> [What is required]
How many lines in this data contain the string "SPALLE"? Reply with the number only.

> [Exercise data]

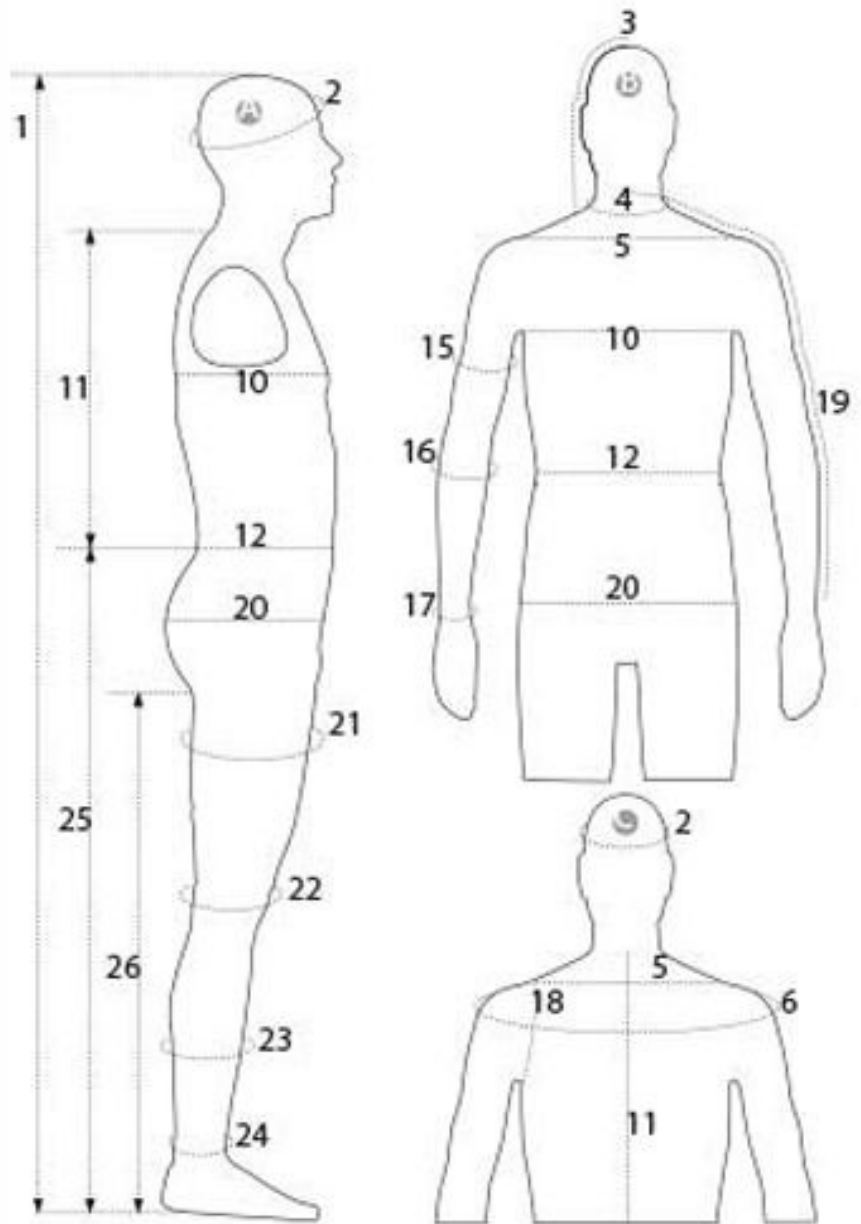

Maße dieser vollbewegliche Schaufensterpuppe:

- Höhe 186 cm
- Fehlschlag 104 cm
- Schulterbreite 48 cm
- Taille 86 cm,
- Schulterumfang 118 cm

BESCHREIBUNG

Herren **Vollbewegliche schaufensterfiguren** aus schwarzem EPP (Polypropylen-Schaum) mit auswechselbarem Eierkopf und Kappe schwarzer verstellbarer Fuß 280x380 mm
Magnethaken - recycelbar - hohe Passform - geringes Gewicht - schlagfest

Maße dieser vollbewegliche Schaufensterpuppe:

Höhe 186 cm
Fehlschlag 104 cm
Schulterbreite 48 cm
Taille 86 cm,
Schulterumfang 118 cm
Hüften von 103 cm.

Abstrakt vollbewegliche herren schaufensterfiguren

Vollbewegliche figuren - Foto n° 3

| | DESCRIZIONE DESCRIPTION | MISURE MEASURE cm |
|----|--|-------------------------|
| 1 | STATURA size | 186 |
| 2 | CIRCONFERENZA TESTA head width | 57 |
| 3 | GIRO CAPPuccio hood hole | 32 |
| 4 | CIRCONFERENZA COLLO BASSO neck low | 42 |
| 5 | LARGHEZZA SPALLE shouder width | 48 |
| 6 | CIRCONFERENZA SPALLE shoulders circumference | 118 |
| 10 | CIRCONFERENZA TORACE chest | 104 |
| 11 | LUNGHEZZA SCHIENA DIETRO back lenght behind | 46 |
| 12 | CIRCONFERENZA VITA waist width | 86 |
| 15 | CIRCONFERENZA BRACCIO arm width | 32 |
| 16 | CIRCONFERENZA GOMITO elbow width | 29 |
| 17 | CIRCONFERENZA POLSO wrist width | 19,5 |
| 18 | GIRO MANICA armhole | 50 |
| 19 | LUNGHEZZA MANICA sleeve from center neck | 87 |
| 20 | CIRCONFERENZA BACINO hips width | 103 |
| 21 | CIRCONFERENZA COSCIA thigh width | 58 |
| 22 | CIRCONFERENZA GINOCCHIO knee width | 39 |
| 23 | CIRCONFERENZA POLPACCIO Calf width | 38 |
| 24 | CAVIGLIA Ankle | 24 |
| 25 | LUNGHEZZA FIANCO length from hip to feet | 116 |
| 26 | INTERNO GAMBA inseam lenght | 85 |

> [Exercise response]
2